## EXERCISE GOAL
As you look over the data below, please find each line where the word "Stück" appears, then copy it.

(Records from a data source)
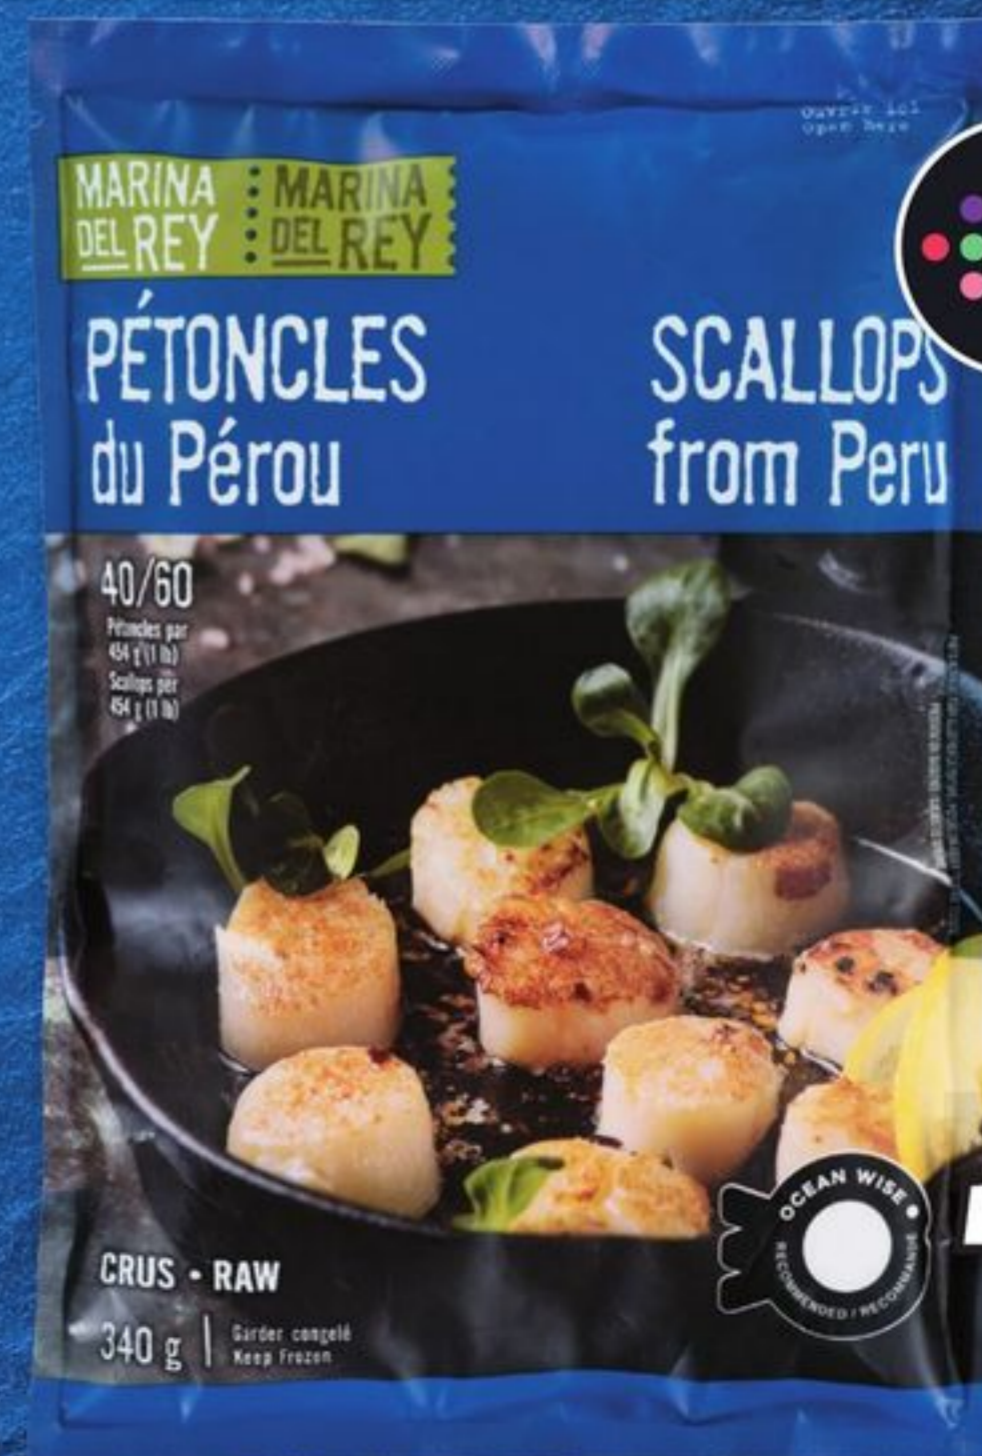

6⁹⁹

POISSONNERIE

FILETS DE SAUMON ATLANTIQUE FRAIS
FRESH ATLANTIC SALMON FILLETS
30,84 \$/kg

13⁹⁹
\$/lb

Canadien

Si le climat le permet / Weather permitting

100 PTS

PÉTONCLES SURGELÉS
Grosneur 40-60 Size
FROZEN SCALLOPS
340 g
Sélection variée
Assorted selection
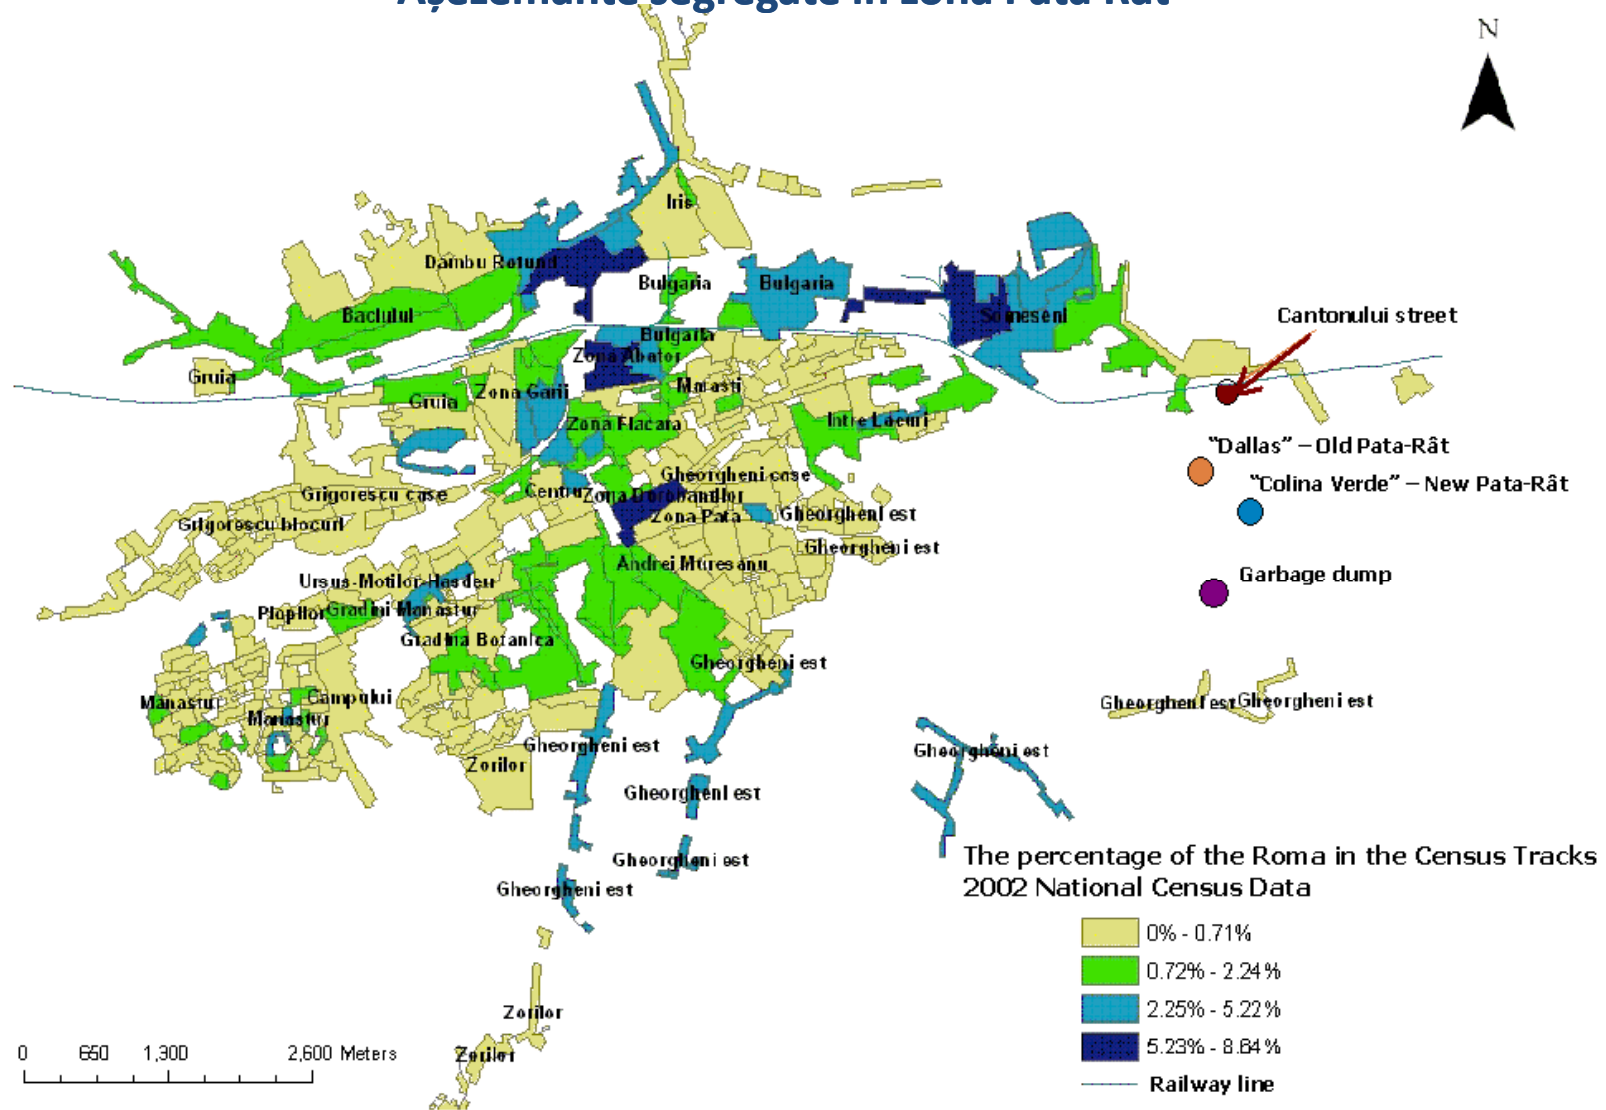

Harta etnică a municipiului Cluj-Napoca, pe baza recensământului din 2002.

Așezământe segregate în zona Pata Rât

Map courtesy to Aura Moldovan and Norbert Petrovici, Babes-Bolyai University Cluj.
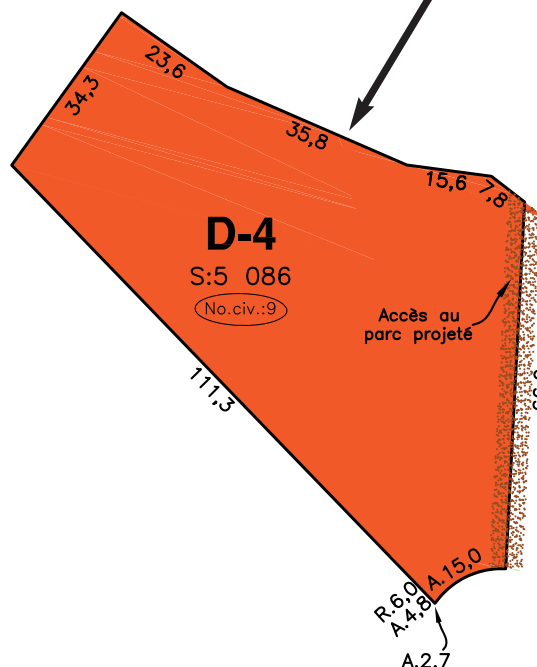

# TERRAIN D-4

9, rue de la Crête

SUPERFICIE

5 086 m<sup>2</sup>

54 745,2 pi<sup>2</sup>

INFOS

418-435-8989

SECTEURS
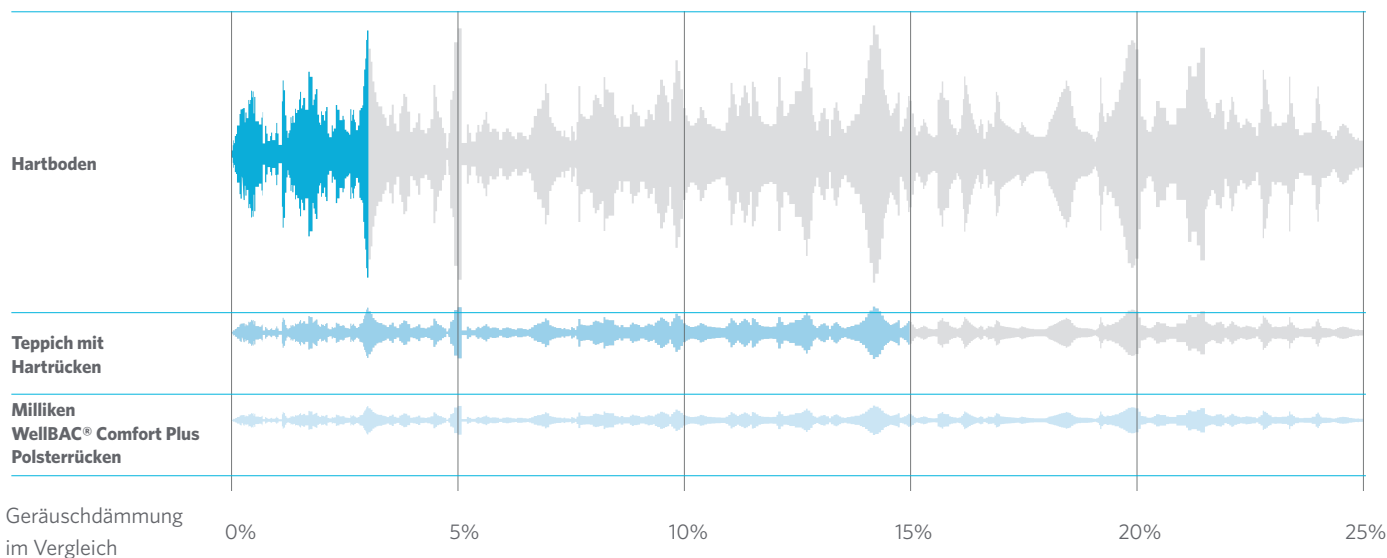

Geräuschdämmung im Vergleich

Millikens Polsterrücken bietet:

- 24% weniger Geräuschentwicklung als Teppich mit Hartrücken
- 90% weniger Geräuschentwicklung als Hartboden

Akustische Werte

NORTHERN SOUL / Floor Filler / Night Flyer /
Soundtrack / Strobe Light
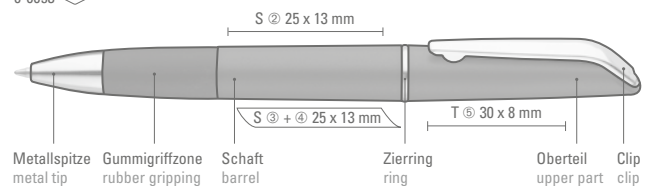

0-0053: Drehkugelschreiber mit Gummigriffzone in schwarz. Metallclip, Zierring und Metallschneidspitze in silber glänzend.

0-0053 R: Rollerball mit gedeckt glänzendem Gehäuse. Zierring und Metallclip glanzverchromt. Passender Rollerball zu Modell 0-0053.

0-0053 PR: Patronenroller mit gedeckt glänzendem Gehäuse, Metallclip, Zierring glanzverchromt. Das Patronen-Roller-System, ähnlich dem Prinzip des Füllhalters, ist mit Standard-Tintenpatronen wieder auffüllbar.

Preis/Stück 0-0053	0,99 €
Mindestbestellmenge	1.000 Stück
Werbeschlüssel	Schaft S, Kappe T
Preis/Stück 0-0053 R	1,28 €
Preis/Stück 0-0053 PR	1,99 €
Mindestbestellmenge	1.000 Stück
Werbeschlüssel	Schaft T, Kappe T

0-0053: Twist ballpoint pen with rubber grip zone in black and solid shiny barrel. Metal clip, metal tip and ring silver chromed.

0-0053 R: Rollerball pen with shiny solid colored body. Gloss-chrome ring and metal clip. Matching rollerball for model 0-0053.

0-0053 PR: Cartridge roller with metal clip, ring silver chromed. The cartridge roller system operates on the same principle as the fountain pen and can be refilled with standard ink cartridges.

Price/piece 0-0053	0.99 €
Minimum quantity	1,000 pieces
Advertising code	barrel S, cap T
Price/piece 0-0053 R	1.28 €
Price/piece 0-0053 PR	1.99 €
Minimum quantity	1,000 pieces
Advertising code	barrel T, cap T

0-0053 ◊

## TASK RESPONSE
Preis/Stück 0-0053	0,99 €
Mindestbestellmenge	1.000 Stück
Preis/Stück 0-0053 R	1,28 €
Preis/Stück 0-0053 PR	1,99 €
Mindestbestellmenge	1.000 Stück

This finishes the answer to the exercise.